Am intending to move to the UK on an Ancestry Visa but am wondering how easy or difficult it is for Aussies to get work. I've heard employment prospects aren't great for people without uni qualifications or any sort of career experience under their belt. All I've ever done is dogsbody work in offices or department stores - nothing terribly exciting. Any info would be appreciated. Thanks.


----------



## SandyToes (Sep 18, 2012)

No takers on my question about jobs yet?


----------



## fergie (Oct 4, 2010)

To be absolutely honest! with the unemployment rates being high in Uk, even highly qualified people can sometimes not get a job. Any job in the UK is highly sought after, so you would be lucky to even get a job in the supermarket. Add to that the cost of living, which is going up all the time, petrol costs =high, food costs =not cheap, cost of a place to stay etc, not a good idea!!.
I would suggest, if you are settled where you are for the moment!, perhaps go to learn a trade, or get more qualifications to improve your job prospects, then maybe think about relocating in the future, when hopefully things might have improved in the Uk.


----------



## jojo (Sep 20, 2007)

Jobs arent easy in the UK. Both my daughters have taken voluntary redundancy from their jobs and at the moment are trawling the job sites looking for work - nothing yet after two months of looking!

Jo xxx


----------



## Kefaloniaking (Sep 23, 2012)

I disagree, youl be fine plenty of jobs out there we love Aussies as well !!!!
But why leave Australia ?

voted best place to live in the WORLD




Im job hunting now for the uk as I am moving back there soon, plenty of well paid jobs in Bristol area


----------



## jojo (Sep 20, 2007)

Kefaloniaking said:


> I disagree, youl be fine plenty of jobs out there we love Aussies as well !!!!
> But why leave Australia ?
> 
> voted best place to live in the WORLD
> ...


Depends on your qualifications! I managed to get a job after 3 months when I came back to the UK from Spain, but its part time and I dont earn anywhere near enough to support a family - altho it doesnt matter cos my husband is the main breadwinner.
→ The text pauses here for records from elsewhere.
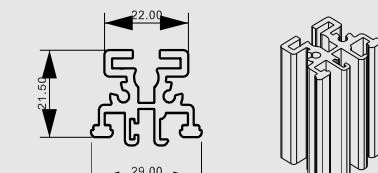

**Corner holder for wall fixing
HYM-001**

Corner holder for wall
fixing For 90 degree
Material: Iron

**Holder for wall fixing
HYM-001A**

3pcs for one vertical profiles
Material: Iron

**Adjusting Leg
HYM-003**

Kit of adjustable leg for corner
1pcs for one vertical profile

**Board Hook
HYM-005**

Board hook or PVC accessories for MDF
10pcs for one 2400mm vertical profile
16pcs for one 2700mm vertical profile

**Adjusting Leg Support plate
HYM-002**

1pcs for one vertical profile

**Aluminum vertical profiles
W59003**

Length: 2.7 meter
Color: Mill finish

Glass Luminous Shelf / Система Стеновых Панелей

AC-1673 KG/M: 0.501	F-2377 KG/M: 0.481	F-2907 KG/M: 0.621	F-2897 KG/M: 0.531
F-2576 KG/M: 0.551	AC-1672 KG/M: 0.385	YK-069 KG/M: 0.401	YK-056 KG/M: 0.372
YF-2989 KG/M: 0.382	AC-1781 KG/M: 0.239	AC-1782 KG/M: 0.344	AC-2990 KG/M: 0.312
YF-2909 KG/M: 0.342	YK-061 KG/M: 0.236	AC-1885 KG/M: 0.1	AC-2048 KG/M: 0.288

I wouldnt ever suggest to anyone that there are plenty of jobs - there arent and its irresponsible to claim otherwise. Remember that there is high unemployment in the UK

Jo xxx


----------



## Kefaloniaking (Sep 23, 2012)

yeh for real not plenty of jobs for sure



Look I have NO Qualifactions what so ever, but I am very good at sales
Easy for me to make 20k a year + bonus.

You just need to find niche markets that are hiring


HELL you want to make a load of money,, be a web designer specialism in PHP and java
50k a year


----------



## Joppa (Sep 7, 2009)

Kefaloniaking said:


> I disagree, youl be fine plenty of jobs out there we love Aussies as well !!!!
> But why leave Australia ?
> 
> voted best place to live in the WORLD
> ...


Plenty of jobs in Bristol may be, but how many are applying for each vacancy? Competition is just insane, except perhaps for the most highly specialised positions (but there aren't many qualified people to take them). You will find 100s (sometimes 1000s) go for the same job, which you only find out after you apply.


----------



## Kefaloniaking (Sep 23, 2012)

a great CV, great background with proven record, 3 piece pinstripe suite and a positive attitude.. You can beat the thousands if you are determined to.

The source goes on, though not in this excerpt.